◆ Required work ◆
In the copy, include no images. Reproduce the entries exactly.

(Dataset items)
::::
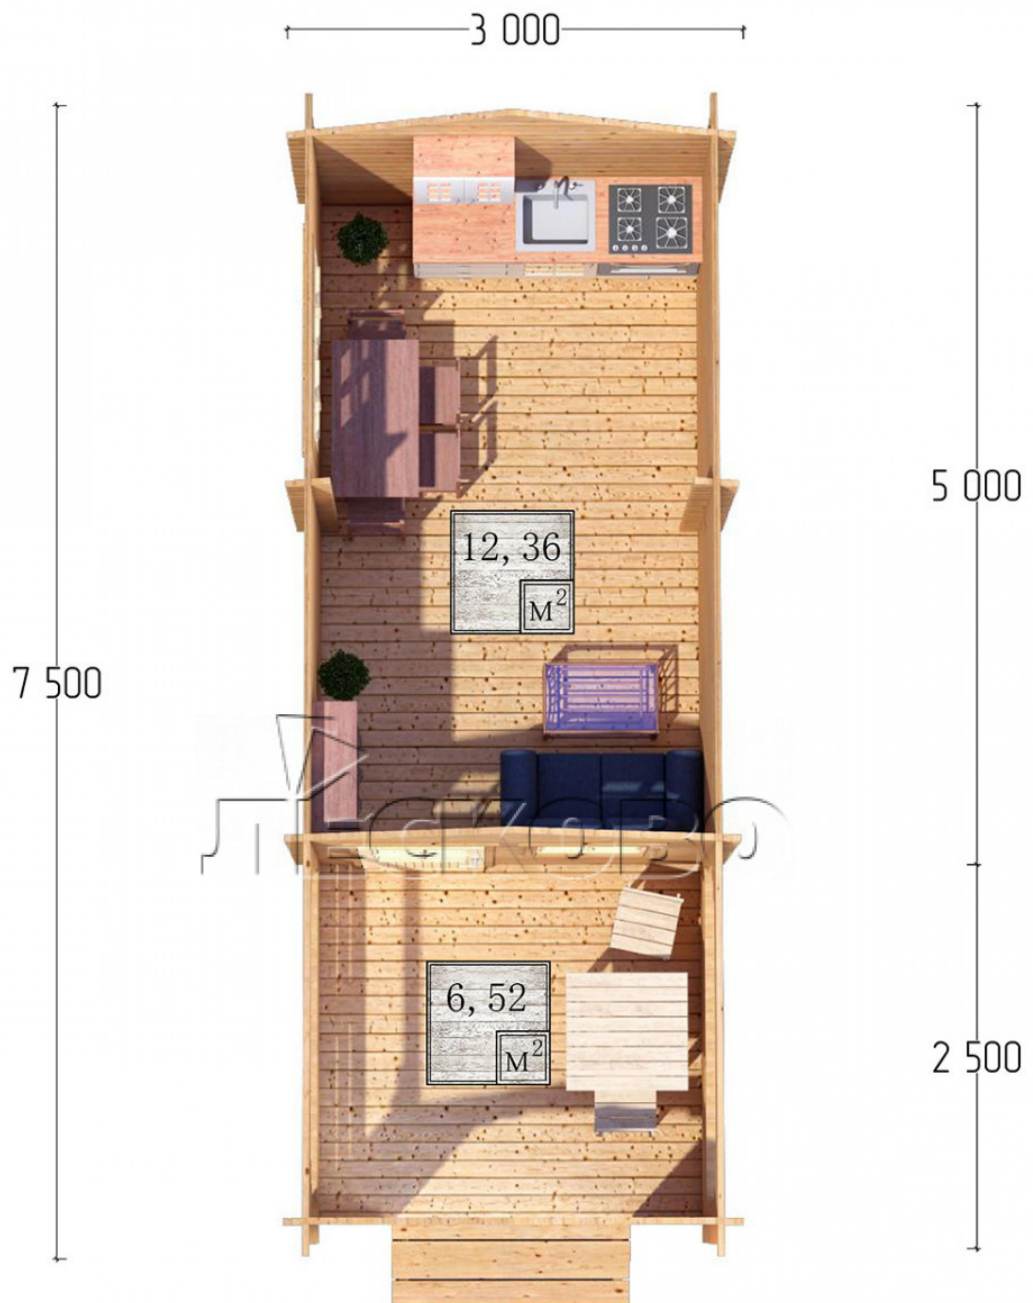

Log Cabin "DSV" series 3x5

Project Dimensions

3 × 5 / 19.5 m²

Full house set

3,973 €

Timber

45 MM

65 MM
+ 873 €

Project planning

Разрез

House Kit

- Wall kit: 44 × 145mm mini-chamber drying chamber with bowls for the project. The material of the tree is spruce, pine (GOST 8486). Humidity 12-14%. The height of the walls is 2.16 m;

- Logs, lower harness: board 45 × 145 mm chamber drying 10-12%;
- Floors: floorboard 35 mm, Chamber drying;
- Ceiling: imitation of a bar 20 × 135 mm, Chamber drying;
- Wooden windows, glass 4 mm, Single. Treatment with a colorless antiseptic. Hardware;

0.87×0.78 м.1 шт.

1.34×0.91 м.1 шт.

- Wooden doors;

0.84×1.885 м.

glass.1 шт.

7. Platbands: dry planed board 20 × 100 mm;

8. Roof: shingles.

9. Skirting board 35 mm.
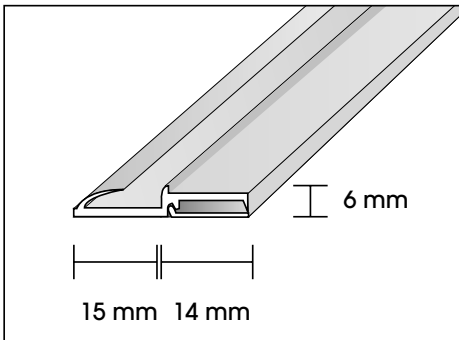

CB02 DOOR SEAL

Scanwolf's Door Seals are made of soft plastic materials, which are commonly found on doors and cupboards.

This product eases the force when doors are shut and reduces noise from the impact. It also hides and seals gaps between doors thus keeping dust out.

Actual Size

Product Code : CB02 Door Seal
 Packing : 200 pcs /Ctn
 3.6m /pc

Item Code : CB02 Door Seal
 Size : 10 mm x 11 mm
 Packing : 150 Pcs

Item Code : SW866 Door Seal
 Size : 15 mm x 14 mm
 Packing : 150 Pcs
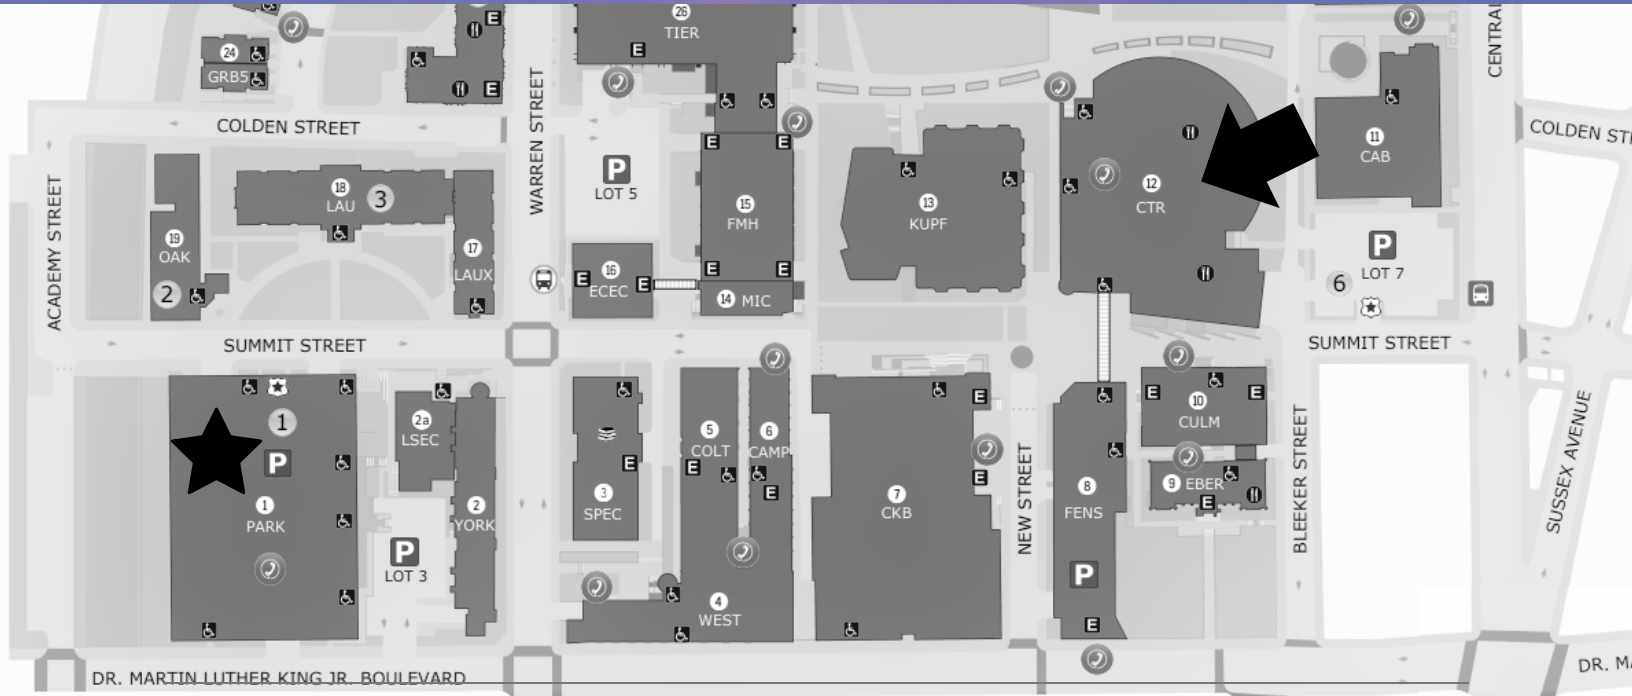

RGGI WORKSHOP

NEW JERSEY INSTITUTE OF TECHNOLOGY

When:

November 18, 6:00-9:00pm

Where:

NJIT, Campus Center, Ballroom A

Hosting Agency:

Board of Public Utilities

RSVP

www.nj.gov/rggi/
::::
◆ Solution to the exercise ◆
Log Cabin "DSV" series 3x5

Project Dimensions

3 × 5 / 19.5 m²

Full house set

3,973 €

Timber

45 MM

65 MM
+ 873 €

Project planning

Разрез

House Kit

- Wall kit: 44 × 145mm mini-chamber drying chamber with bowls for the project. The material of the tree is spruce, pine (GOST 8486). Humidity 12-14%. The height of the walls is 2.16 m;

- Logs, lower harness: board 45 × 145 mm chamber drying 10-12%;
- Floors: floorboard 35 mm, Chamber drying;
- Ceiling: imitation of a bar 20 × 135 mm, Chamber drying;
- Wooden windows, glass 4 mm, Single. Treatment with a colorless antiseptic. Hardware;

0.87×0.78 м.1 шт.

1.34×0.91 м.1 шт.

- Wooden doors;

0.84×1.885 м.

glass.1 шт.

7. Platbands: dry planed board 20 × 100 mm;

8. Roof: shingles.

9. Skirting board 35 mm.

CB02 DOOR SEAL

Scanwolf's Door Seals are made of soft plastic materials, which are commonly found on doors and cupboards.

This product eases the force when doors are shut and reduces noise from the impact. It also hides and seals gaps between doors thus keeping dust out.

Actual Size

Product Code : CB02 Door Seal
 Packing : 200 pcs /Ctn
 3.6m /pc

Item Code : CB02 Door Seal
 Size : 10 mm x 11 mm
 Packing : 150 Pcs

Item Code : SW866 Door Seal
 Size : 15 mm x 14 mm
 Packing : 150 Pcs

RGGI WORKSHOP

NEW JERSEY INSTITUTE OF TECHNOLOGY

When:

November 18, 6:00-9:00pm

Where:

NJIT, Campus Center, Ballroom A

Hosting Agency:

Board of Public Utilities

RSVP

www.nj.gov/rggi/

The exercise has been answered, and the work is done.